Stored data entries:

════════════════

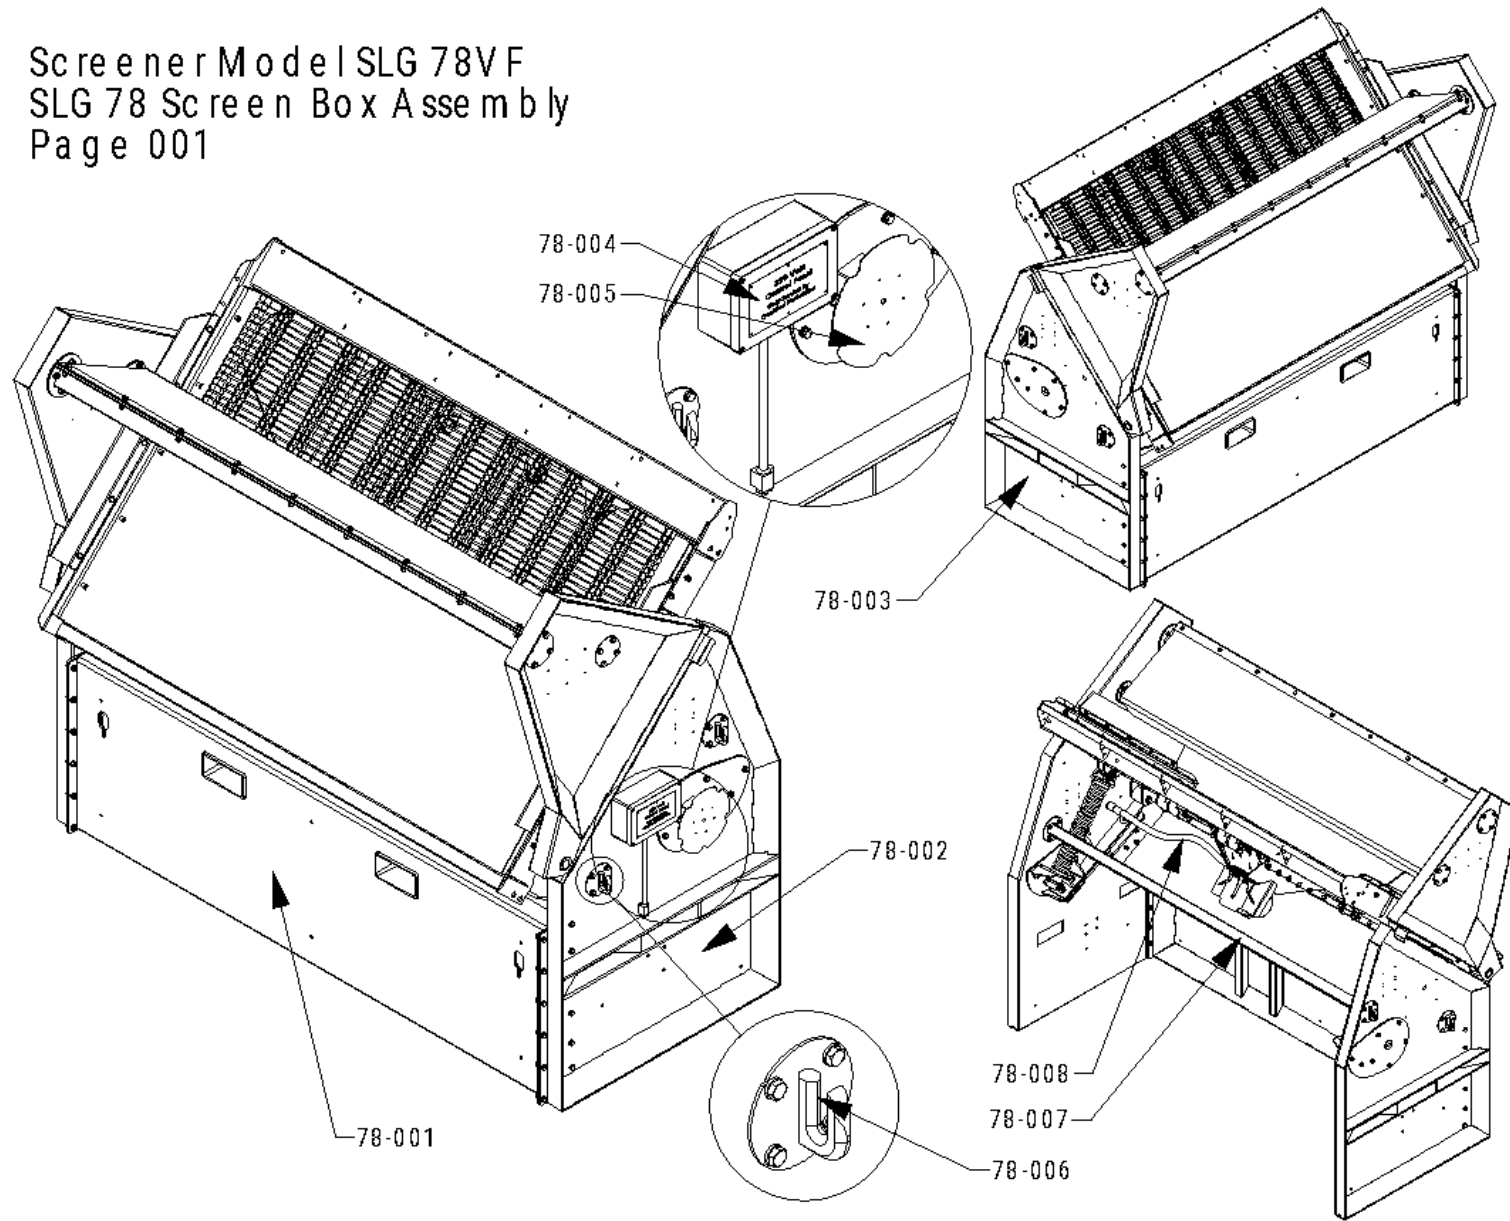

SCREENER MODEL SLG 78 VF

SLG 78 Screen Box Assembly

Page 001

Part Number	Part Description Name	kit/pieces	Quantity	Notes
78-001	Box Front	Pieces	1	comes with 78-B03
78-002	Righthand Box Side	Pieces	1	
78-003	Lefthand Box Side	Pieces	1	
78-004	Electrical Control Box (110 volt)	kit	1	
78-005	Electrical Cord Caddy	kit	1	Need separate drawing to make kit
78-006	5/16 Box Side Chain Hook	Pieces	4 (kit)	Comes in a set of 4 includes 78-B02 / 78-B01
78-007	Box Cross Tube	Pieces	1	includes 78-B02 / 78-B01
78-008	Control Box to Motor Tube	Pieces	1	
78-B01	M10X25 (1PcsBolt/2Pcs Flat Washer/1Pcs Lock Nut)	kit	8	
78-B02	M10X35 (1PcsBolt/2Pcs Flat Washer/1Pcs Lock Nut)	kit	8	
78-B03	M10X35 (1PcsBolt/2Pcs Flat Washer/1Pcs Lock Nut)	kit	24	

Screen er Model SLG 78VF
SLG 78 Screen Box Assembly
Page 001

════════════════

Exactly how many lines of the data include the word "includes"? Reply with that number only.

2